LTR
SUPLEMENTO TRABALHISTA
046/01
AS HORAS EXTRAS DO JOGADOR DE FUTEBOL
Domingos Sávio Sainaghi (*)
Nos últimos dias os jornais, como de resto toda a imprensa esportiva, têm levado a público a discussão se o jogador de futebol tem ou não direito ao recebimento de horas extras.
A discussão tem alcançado toda a população , não se limitando apenas aos especialistas ou aos tribunais, travando-se ela nos bares, nas reuniões familiares, enfim, em quase todos os setores da sociedade.
Isto se explica uma vez que o futebol é apaixonante e, também, em virtude da crise econômica do país, muitos não entendem como é posseivel que jogadores que recebam altos salários ainda queiram receber o pagamento de horas extras.

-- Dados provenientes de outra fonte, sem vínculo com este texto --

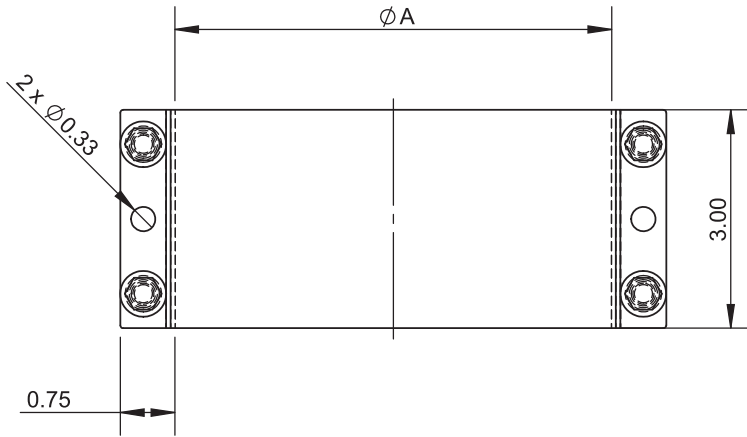

Grease Duct Spec

Model:

SW-NAKS-CK-KIT11

Single Wall 16" with Two Elbows

- 3x J-600 Sealant
- 5x SW-NAKS-CK16-LSB Light Support Band
- 3x SW-NAKS-CK16-CLB Cut Length Band
- 3x SW-NAKS-CK16-24L 24" Fixed Length
- 6x SW-NAKS-CK16-48L 48" Fixed Length
- 1x SW-NAKS-CK16-IAD Inline Access Door Length
- 2x SW-NAKS-CK16-87EA 87 Degree Elbow w/ Access
- 1x SW-NAKS-CK16-NWHO No-Weld Hood Adapter
- 1x SW-NAKS-CK16-FPE:29x29 Fan Plate Adapter - End

Ø	6	7	8	9	10	11	12	13	14	16
A	6	7	8	9	10	11	12	13	14	16
lb	1.23	1.39	1.54	1.69	1.87	2.02	2.18	2.33	2.49	2.82

Ø	18	20	22	24	26	28	30	32	34	36
A	18	20	22	24	26	28	30	32	34	36
lb	3.12	3.45	3.76	4.09	4.40	4.71	5.04	5.35	5.68	5.98

		drawn by JJR	model SW-NAKS-CK	code LSB	description SW-NAKS-CKØ-LSB Light Support
--	--	-----------------	---------------------	-------------	---

Vent Diameter	Number of Joints Per 10 oz. Tube
3" - 6"	6.7
8" - 10"	6
11" - 12"	5.3
13" - 16"	4.7
18" - 20"	4
22" - 24"	3.3
26" - 28"	2.7
30" - 32"	2
34" - 36"	1.3
38" - 48"	0.7

Em boa hora o Ministro Almir Pazzianotto Pinto, Presidente do Colendo Tribunal Superior do Trabalho realizou em conjunto com a Universidade da Cidade do rio de Janeiro, o “Primeiro Seminário sobre Legislação Desportiva Trabalhista’’, ao qual estivemos presentes no último dia 5 de dezembro.
Tentaremos trazer neste trabalho alguma contribuição para a solução do problema.

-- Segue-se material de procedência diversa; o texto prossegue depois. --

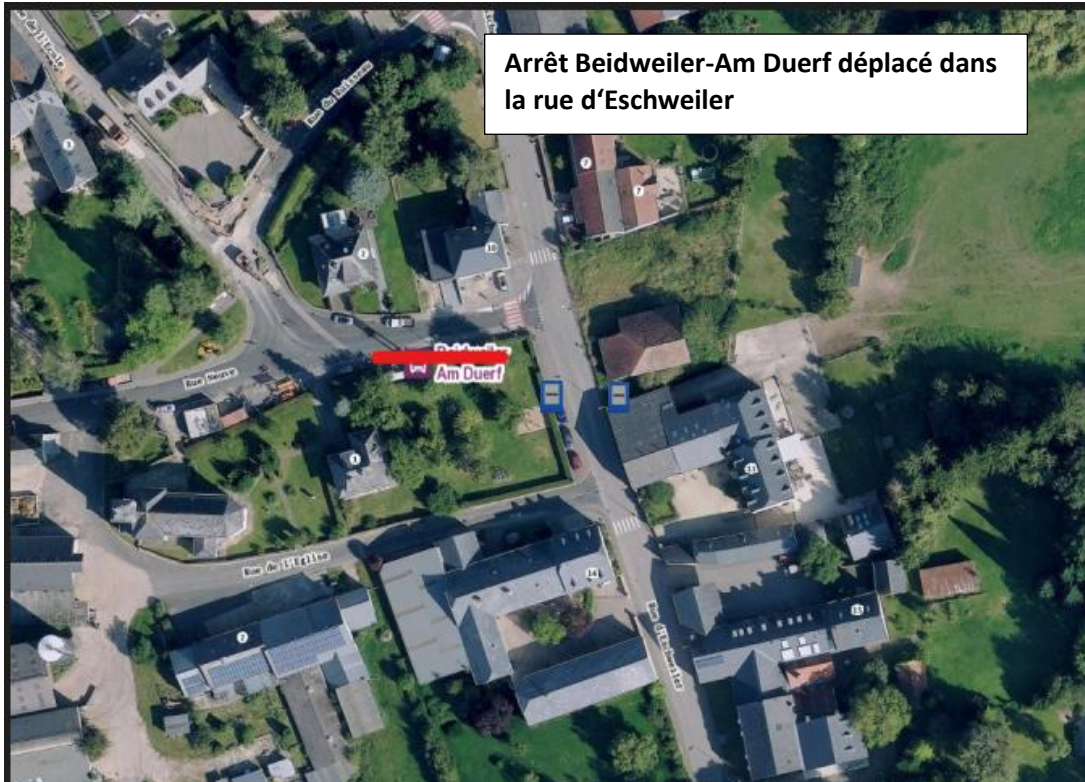

LE GOUVERNEMENT DU GRAND-DUCHÉ DE LUXEMBOURG
Ministère de la Mobilité et des Travaux publics
Administration des transports publics
Service Transports RGTR

Copies: Gare de Luxembourg.
Permanence, Service Transports RGTR.
Exploitant(s) RGTR concerné(s).
Administration(s) Communale(s) de: Junglinster.

Em primeiro lugar, não são todos os jogadores de futebol que recebem altos salários. Estes se constituem em minoria, pois a grande maioria, segundo estatística do sindicato de atletas, recebe salários ínfimos.
Quem pretende discutir a matéria em questão deve, em princípio, desarmar o espírito e tentar enxergar no jogador de futebol um autêntico trabalhador.
A legislação brasileira trata da atividade de atleta profissional de futebol na Lei m. 6.354/76.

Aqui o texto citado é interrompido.